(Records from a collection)
┄┄┄┄┄┄

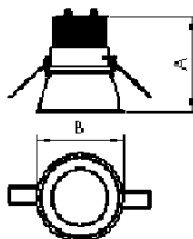

REF.: CERES-CI-EM-GE-DFPSTRANSL-20-COBCOMFY-25-95-124-N

A = 110mm | B = Ø124mm

**IMPORTANTE: ENSAIOS REALIZADOS A 25°C**

Luminária circular de embutir em forro de gesso, 20W 2500K IRC>95. Corpo em alumínio. Acabamento Natural. Controle óptico principal através de difusor em poliestireno translúcido. Luminária grau de proteção IP-20. Driver corrente constante Liga/Desliga, Triac, 1-10V ou Dali (consultar condições). Tensão de trabalho 220V ou Bivolt.

Aplicação	Ambiente interno
Instalação	Embutir Gesso
Altura	110
Largura	Ø124
IP	20
Corpo	Alumínio
Cor	Natural
Ótica principal	Difusor
Potência	20W
Fluxo Luminária	880lm
Intensidade	411cd
Eficácia	44lm/W
Facho	Difuso
CCT	2500K
IRC	>95
Tensão	220V ou Bivolt
Dimerização	Liga/Desliga, Dali, 0-10 ou Triac
Garantia	5 anos
UGR	Espaçamento 1m (4H/8H) - <20/<20
Tipo de LED	COBcomfy
Eficácia do LED	107lm/W
Fluxo Luminoso do LED	1851lm
Potência do LED	17,3W
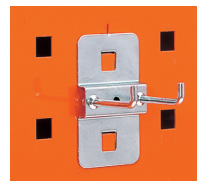

C45B

オプション (C45B、CSC1100用)
OPTION (for C45B, CSC1100)

■ L形フック(ショート)
製品番号 **C4-L2**
メーカー希望小売価格
¥1,270

■ L形フック
製品番号 **C4-L3**
メーカー希望小売価格
¥1,270

■ L形ダブルフック(ショート)
製品番号 **C4-LW2**
メーカー希望小売価格
¥1,695

■ L形ダブルフック
製品番号 **C4-LW3**
メーカー希望小売価格
¥1,695

■ ストレート形フック
製品番号 **C4-S2**
メーカー希望小売価格
¥1,145

■ ストレート形ダブルフック
製品番号 **C4-SW2**
メーカー希望小売価格
¥1,495

※各フック幅は20mmです。

■ ドライバーラック
製品番号 **C4-DR6**
メーカー希望小売価格 **¥4,765**

⚠ 注意 CAUTION

- シャッターの開閉は取っ手が平行になるように、ゆっくりと操作してください。
Shutter must be operated parallel and slowly.
- 取付ける壁面は強く振動などのない、安定した壁に取付けてください。
Hunger type board has to be put on stabilized wall.
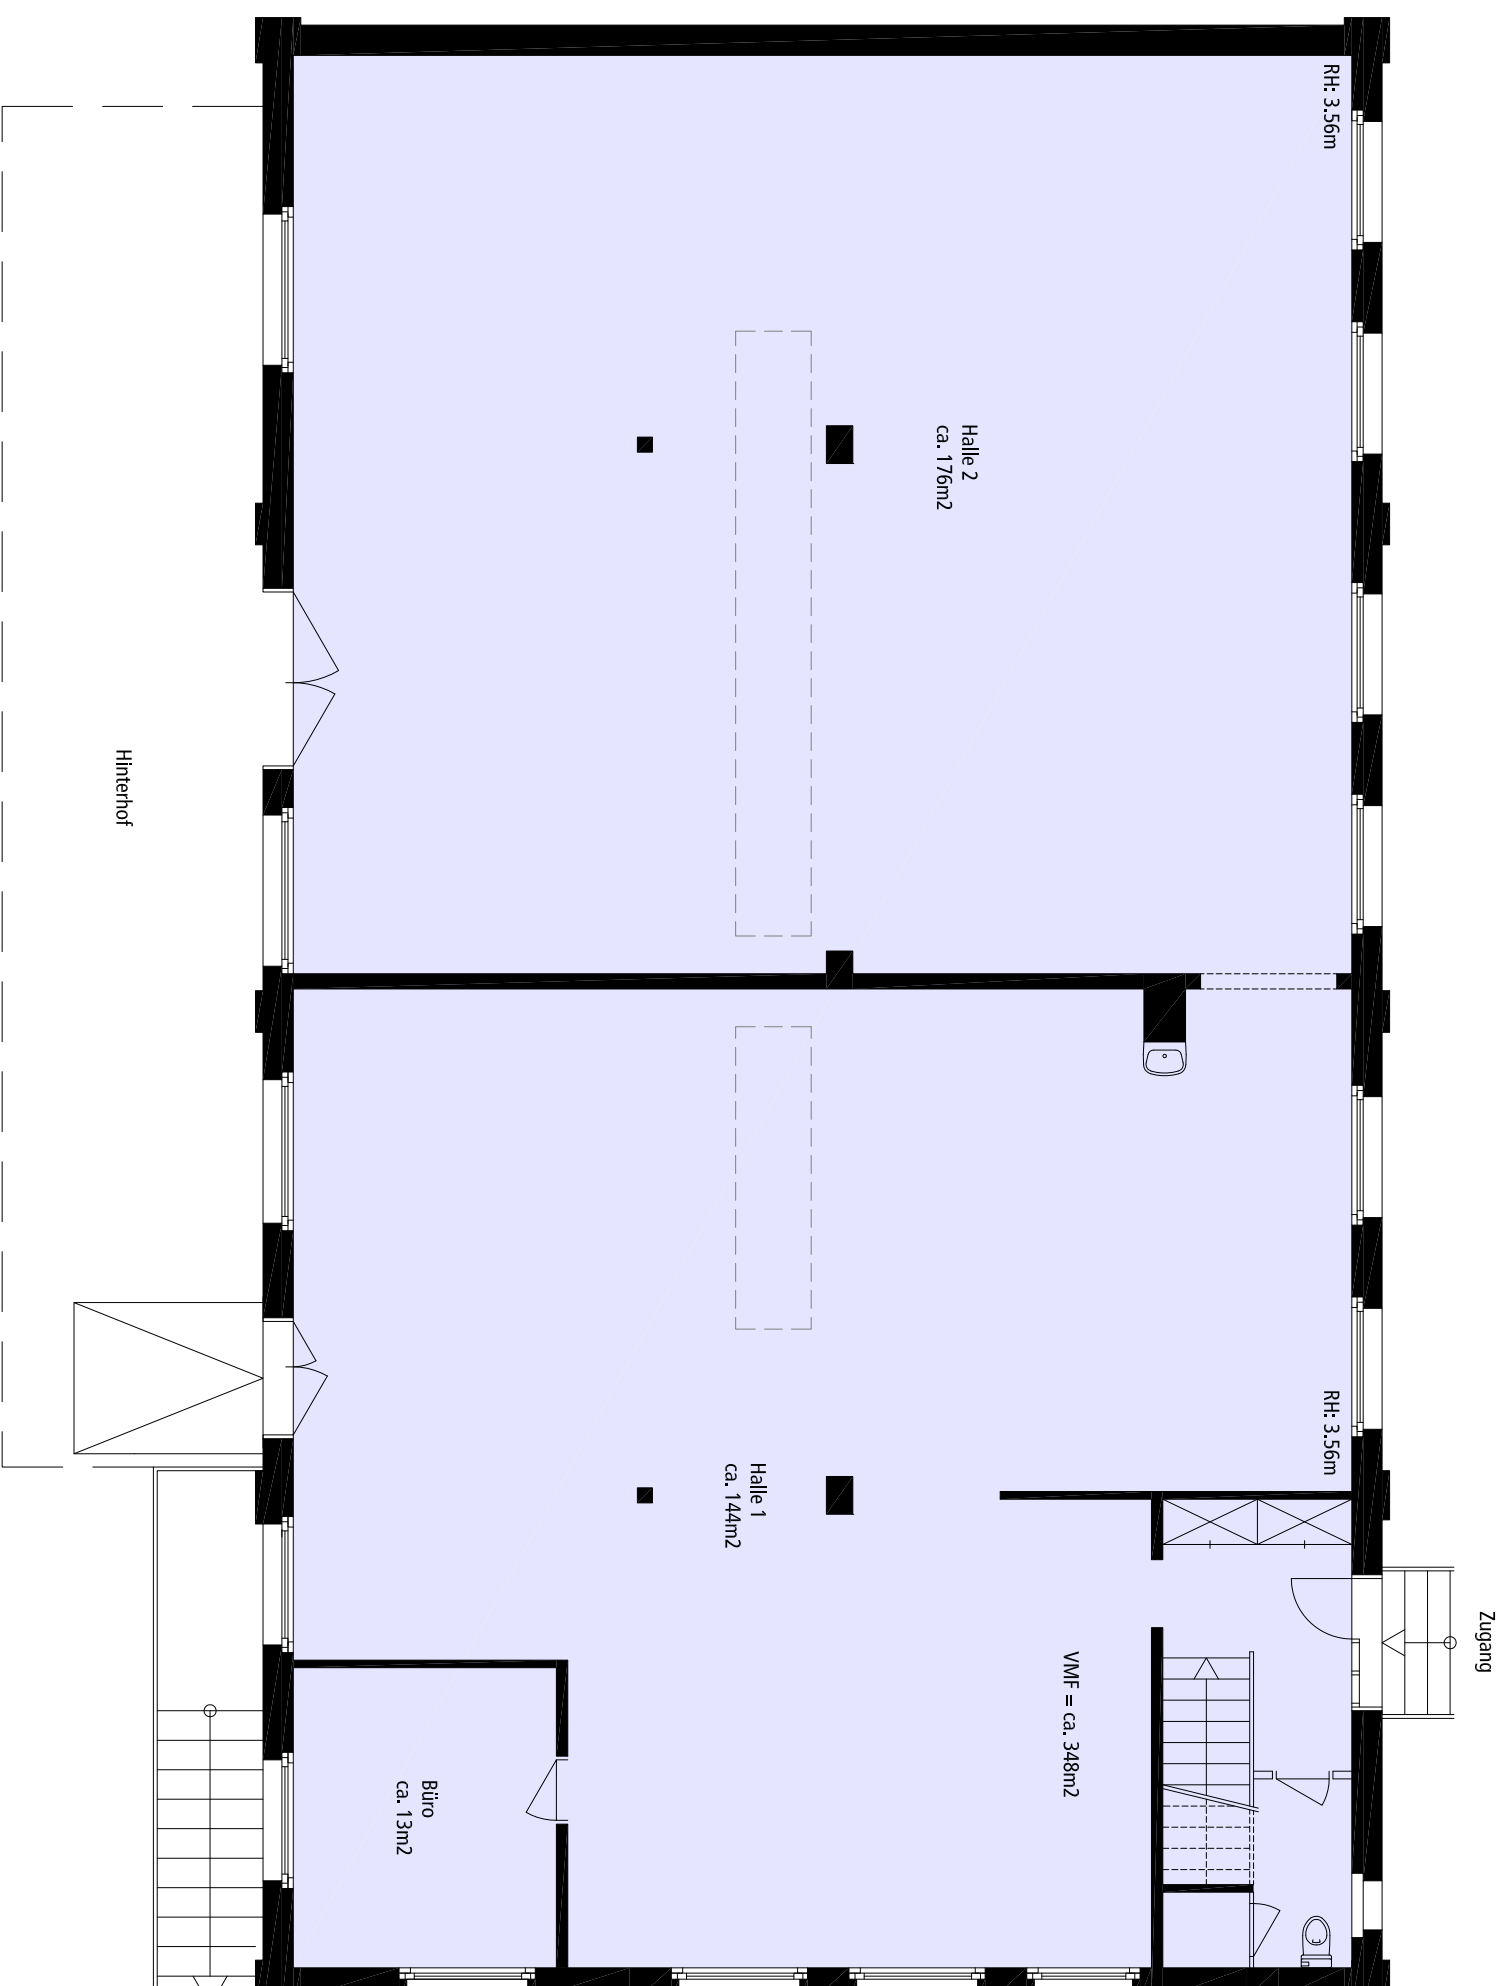

Birchstrasse 106 in 8050 Zürich

Skizze Erdgeschoss Massstab 1:100

0 5m
24.06.2011

┄┄┄┄┄┄

• _TASK OBJECTIVE_
When the line with "A = 110mm | B = Ø124mm" is reached in the data above, begin copying, and stop after the line with "REALIZADOS A 25°C**"; copy each line exactly, both ends included.

• _RESPONSE FOR THIS EXERCISE_
A = 110mm | B = Ø124mm

**IMPORTANTE: ENSAIOS REALIZADOS A 25°C**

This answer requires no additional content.